» Exercise brief:
Using the material that follows, output exactly the lines from the one containing "Energie sind wir" through the one containing "Damit die umweltfreundliche", with both ends kept.

::: Provided material

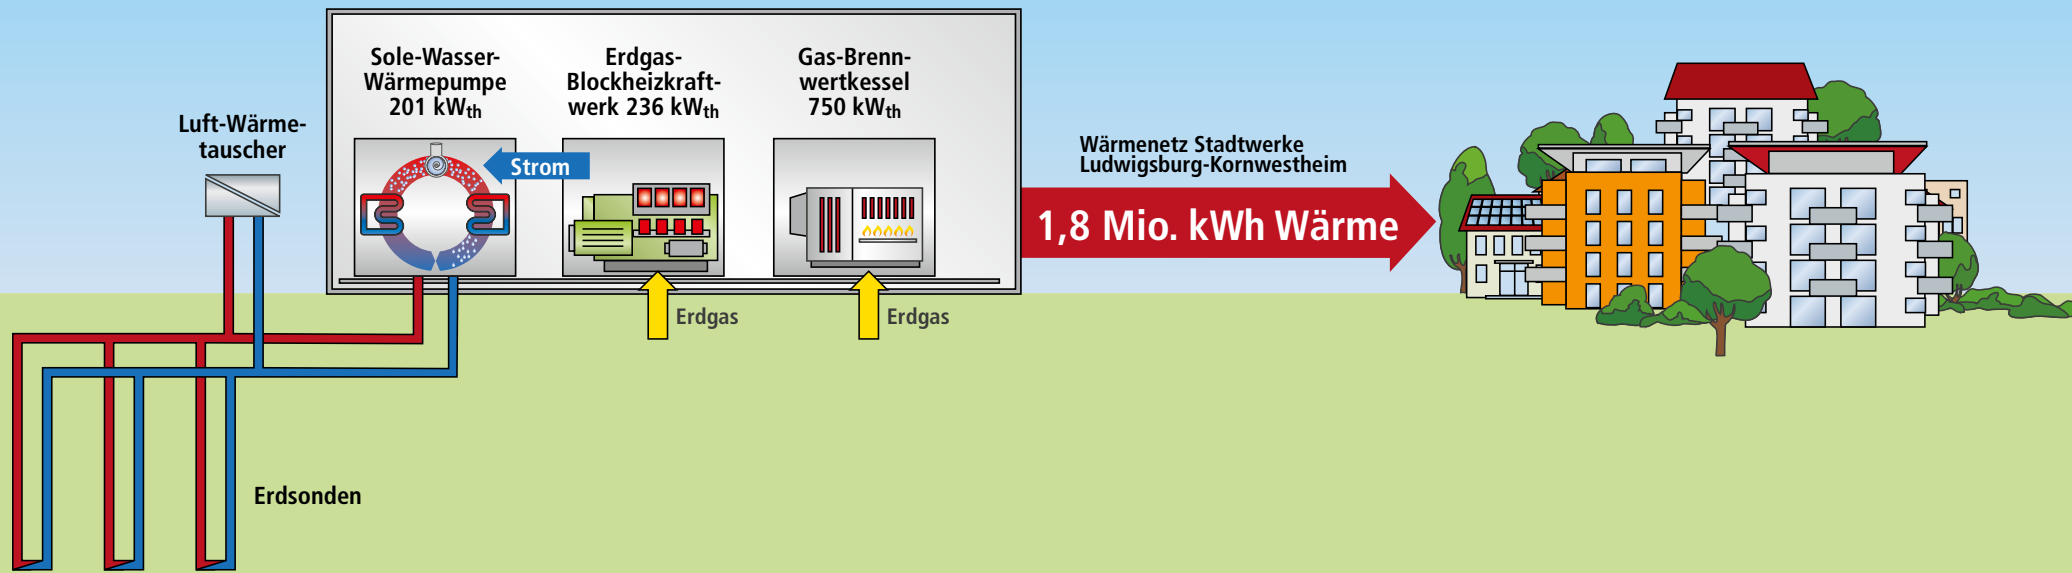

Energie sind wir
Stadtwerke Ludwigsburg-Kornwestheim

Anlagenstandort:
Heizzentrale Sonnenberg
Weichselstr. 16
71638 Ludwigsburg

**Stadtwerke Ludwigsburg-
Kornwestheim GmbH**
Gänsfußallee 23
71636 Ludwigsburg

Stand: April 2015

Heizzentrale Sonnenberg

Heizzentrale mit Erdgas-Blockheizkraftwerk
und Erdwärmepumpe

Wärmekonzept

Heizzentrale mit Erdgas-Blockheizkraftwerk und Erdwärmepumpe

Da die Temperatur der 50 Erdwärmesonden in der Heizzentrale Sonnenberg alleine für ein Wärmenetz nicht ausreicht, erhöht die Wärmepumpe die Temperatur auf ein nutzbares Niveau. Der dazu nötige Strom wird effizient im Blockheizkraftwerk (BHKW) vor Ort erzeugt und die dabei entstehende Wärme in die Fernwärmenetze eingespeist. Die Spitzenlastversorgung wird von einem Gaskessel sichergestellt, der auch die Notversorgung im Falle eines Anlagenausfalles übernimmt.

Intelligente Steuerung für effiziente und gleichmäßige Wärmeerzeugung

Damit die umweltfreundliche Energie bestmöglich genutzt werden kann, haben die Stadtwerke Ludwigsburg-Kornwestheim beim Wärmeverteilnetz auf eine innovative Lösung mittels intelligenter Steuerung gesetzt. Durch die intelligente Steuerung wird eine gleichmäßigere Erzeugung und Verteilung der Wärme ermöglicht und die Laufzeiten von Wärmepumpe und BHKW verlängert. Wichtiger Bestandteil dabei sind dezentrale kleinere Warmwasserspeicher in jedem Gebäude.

::::::
::: Provided material

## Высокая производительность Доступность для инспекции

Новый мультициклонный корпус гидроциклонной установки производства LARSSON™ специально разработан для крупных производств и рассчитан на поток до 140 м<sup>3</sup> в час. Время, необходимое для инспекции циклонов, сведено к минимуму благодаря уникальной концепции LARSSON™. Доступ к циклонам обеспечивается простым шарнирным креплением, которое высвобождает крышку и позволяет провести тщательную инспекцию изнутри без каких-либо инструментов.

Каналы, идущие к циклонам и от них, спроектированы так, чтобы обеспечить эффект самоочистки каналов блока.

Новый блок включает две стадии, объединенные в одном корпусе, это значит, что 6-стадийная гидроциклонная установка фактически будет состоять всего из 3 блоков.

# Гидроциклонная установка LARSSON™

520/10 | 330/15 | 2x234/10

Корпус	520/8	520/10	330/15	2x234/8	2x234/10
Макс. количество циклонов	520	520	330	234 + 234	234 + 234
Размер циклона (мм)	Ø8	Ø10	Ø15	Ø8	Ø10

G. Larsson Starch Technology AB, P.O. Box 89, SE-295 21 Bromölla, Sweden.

::::::

» Solution to this exercise:
Energie sind wir
Stadtwerke Ludwigsburg-Kornwestheim

Anlagenstandort:
Heizzentrale Sonnenberg
Weichselstr. 16
71638 Ludwigsburg

**Stadtwerke Ludwigsburg-
Kornwestheim GmbH**
Gänsfußallee 23
71636 Ludwigsburg

Stand: April 2015

Heizzentrale Sonnenberg

Heizzentrale mit Erdgas-Blockheizkraftwerk
und Erdwärmepumpe

Wärmekonzept

Heizzentrale mit Erdgas-Blockheizkraftwerk und Erdwärmepumpe

Da die Temperatur der 50 Erdwärmesonden in der Heizzentrale Sonnenberg alleine für ein Wärmenetz nicht ausreicht, erhöht die Wärmepumpe die Temperatur auf ein nutzbares Niveau. Der dazu nötige Strom wird effizient im Blockheizkraftwerk (BHKW) vor Ort erzeugt und die dabei entstehende Wärme in die Fernwärmenetze eingespeist. Die Spitzenlastversorgung wird von einem Gaskessel sichergestellt, der auch die Notversorgung im Falle eines Anlagenausfalles übernimmt.

Intelligente Steuerung für effiziente und gleichmäßige Wärmeerzeugung

Damit die umweltfreundliche Energie bestmöglich genutzt werden kann, haben die Stadtwerke Ludwigsburg-Kornwestheim beim Wärmeverteilnetz auf eine innovative Lösung mittels intelligenter Steuerung gesetzt. Durch die intelligente Steuerung wird eine gleichmäßigere Erzeugung und Verteilung der Wärme ermöglicht und die Laufzeiten von Wärmepumpe und BHKW verlängert. Wichtiger Bestandteil dabei sind dezentrale kleinere Warmwasserspeicher in jedem Gebäude.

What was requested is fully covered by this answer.